28.1.2004 tarih ve 5083 sayılı Kanunun 5335 sayılı Kanun ile değişik 2. maddesine şu hüküm eklenmiştir: İlgili kanunları gereğince uygulanacak adli ve idari para cezalarının hesaplanmasında ve ödenmesinde, bir Yeni Türk Lirası’nın (1 YTL) altında kalan tutar dikkate alınmaz.
Yeni TCK yürürlüğe girdikten sonra, diğer kanunlardaki suç tanımlarında öngörülen “ağır para” cezalarının uygulanmasında 5252 s. Yürürlük Kanununa göre artırma yoluna gidilecektir. Bu artırma 5252 s. Yürürlük Kanununun sadece 4. maddesine istinaden mi yapılacaktır? Yoksa, 4. maddeye istinaden yapılan artırma sonucunda ortaya çıkan rakam, 5. maddede belirlenen asgari sınırın altında kalması halinde, bu miktara iblağ edilecek midir?

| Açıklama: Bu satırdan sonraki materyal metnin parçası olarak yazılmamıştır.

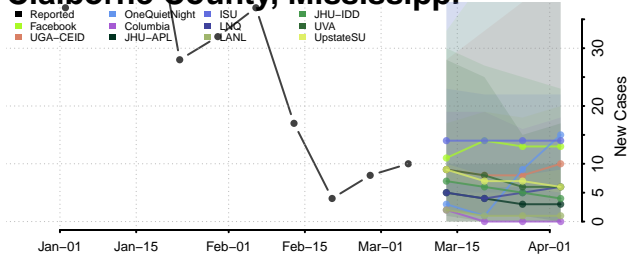

Claiborne County, Mississippi

Sayın İzzet Özgenç’e göre; TCK’nda, “gün para cezası sistemi” kabul edilmişti. Ancak, 765 s. TCK’nda “klasik para cezası sistemi” benimsenmişti . Her ne kadar 765 s. TCK yürürlükten kaldırılmış ise de, söz konusu “klasik para cezası sistemi” diğer kanunlardaki suç tanımlarında hala varlığını devam ettirmektedir. Bu nedenle, diğer kanunlardaki suç tanımlarında hala varlığını devam ettirmektedir. Bu nedenle, diğer kanunlardaki suç tanımları yeni TCK’nda benimsenen suç ve yaptırım teorisine ilişkin ilkelere uyarılınacaya kadar, bu hükümlerin uygulanabilirliğinin devamını sağlamak ihtiyacı ortaya çıkmıştır. Geçiş dönemindeki bu ihtiyacı karşılamak amacıyla, 4.11.2004 tarihli ve 5252 sayılı “Türk Ceza Kanununun Yürürlük ve Uygulama Şekli Hakkında Kanun” hükümler konmuştur (m. 4. 5). Bunlardan 4. maddede, 31.12.2002 tarihine kadar yürürlüğe giren kanunlardaki klasik para cezası miktarlarının belirtilmesine ilişkin artırım oranları belirlenmiştir. Bu artırım oranları sonucunda bulunan para cezası miktarları açısından da 5. maddede asgari ve azami sınırlar belirlenmiştir. Buna göre, diğer kanunlarda yer alan suç tanımlarındaki para cezası miktarları, yer aldığı kanunun yürürlüğe girdiği tarih esas alınmak suretiyle Yürürlük Kanununun 4. maddesindeki oranlara göre artırılacaktır. Ancak, bu artırma sonucunda bulunan rakam, 5. maddede belirlenen asgari sınırın altında ve azami sınırın üzerinde olamayacaktır. Bu itibarla, 4. maddeye göre yapılan artırma sonucunda bulunan rakam 5. maddedeki asgari sınırın altında ise, asgari sınırı oluşturan miktara iblağ edilecektir. Keza, bulunan rakam 5. maddedeki azami sınırın üzerinde ise, azami sınırı oluşturan miktarda kat edilecektir.